Hypnosis is another way managing your addiction. This will aim to increase your concentration, change behavioural patterns by making suggestions and increase motivation and determination.
There is increasing evidence of a link between depression and excessive chocolate consumption. If you feel you have undiagnosed depression, please discuss this with your GP and discover if you can seek treatment for this using other methods. Identify when cravings are most likely, what the initial feelings are leading up to a strong craving and develop alternative coping strategies.
Simple measures such as not buying any chocolate for other members of the household will help to take temptation out of the way, as will avoiding unnecessary trips to the local shop, petrol station or other chocolate retailers.
Avoid the confectionary aisles at the supermarket, or ask someone else to do the shopping for you whilst you are coping with the initial period of withdrawal.
Find more time for sex and exercise as these both increase endorphin production, and will help burn off the calories and body fat gained from eating too much chocolate.

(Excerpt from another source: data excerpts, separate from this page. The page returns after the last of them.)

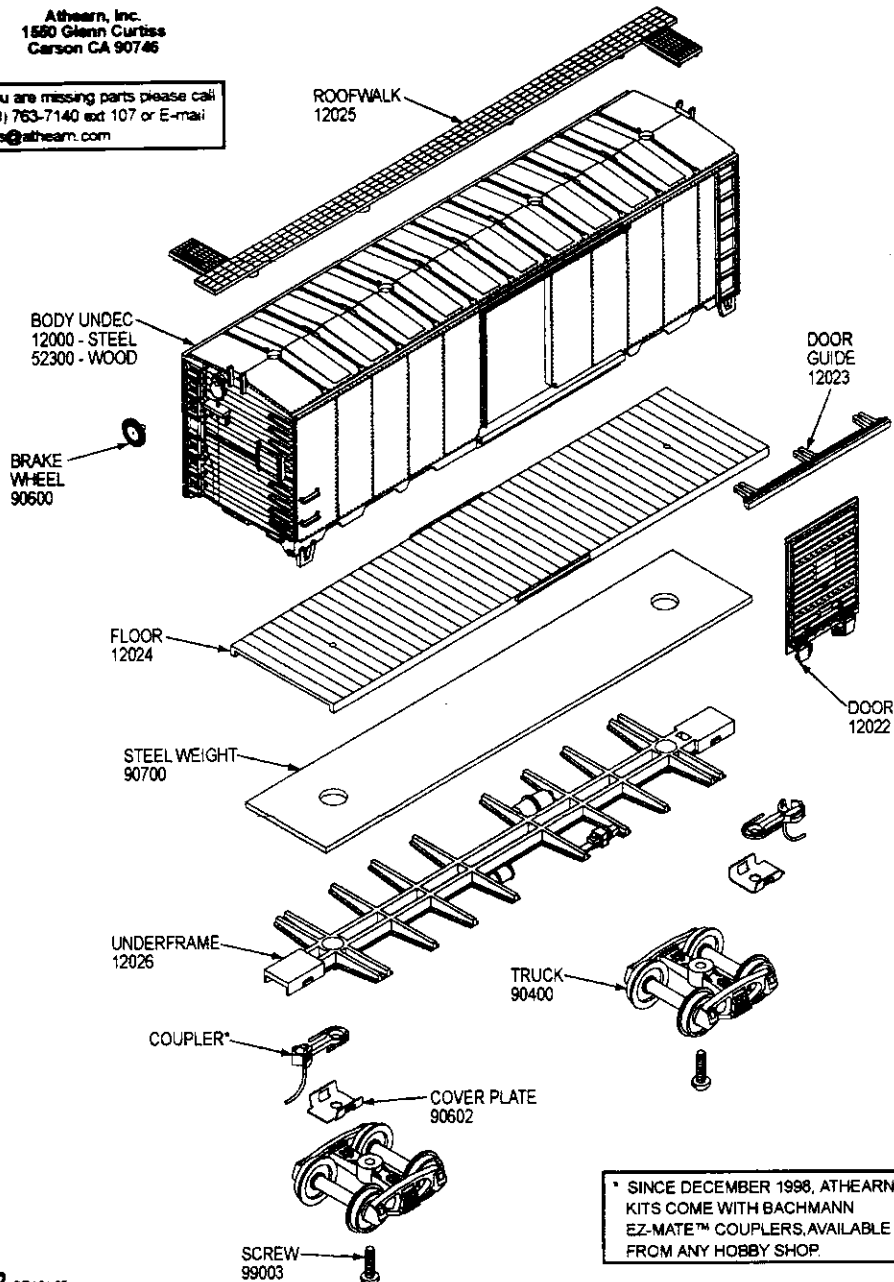

www.athearn.com

Athearn, Inc.
1580 Glenn Curtiss
Carson CA 90746

STEEL & WOOD 40' BOX CARS

If you are missing parts please call
(310) 763-7140 ext 107 or E-mail
parts@athearn.com

* SINCE DECEMBER 1998, ATHEARN KITS COME WITH BACHMANN EZ-MATE™ COUPLERS, AVAILABLE FROM ANY HOBBY SHOP.

Visit the dentist and treat yourself to a good whitening or polish, this will help deter you putting them at risk from the dangers of sweet confectionary.
Find alternatives and natural sweet produce, such as fruit, and eat this when a craving is beginning.
To overcome your addiction to chocolate, it is most likely that a combination of these techniques is used.
Being a chocoholic is not the end of the world, but overcoming the addiction will increase your confidence, improve your overall health and will probably carry a financial reward also.
I hope you find something usefull in all that. I think that the bit I bolded is the key to beating any addiction. Once the desire to give up is stronger than the desire to continue you've got the habit beaten even if you lapse occasionally.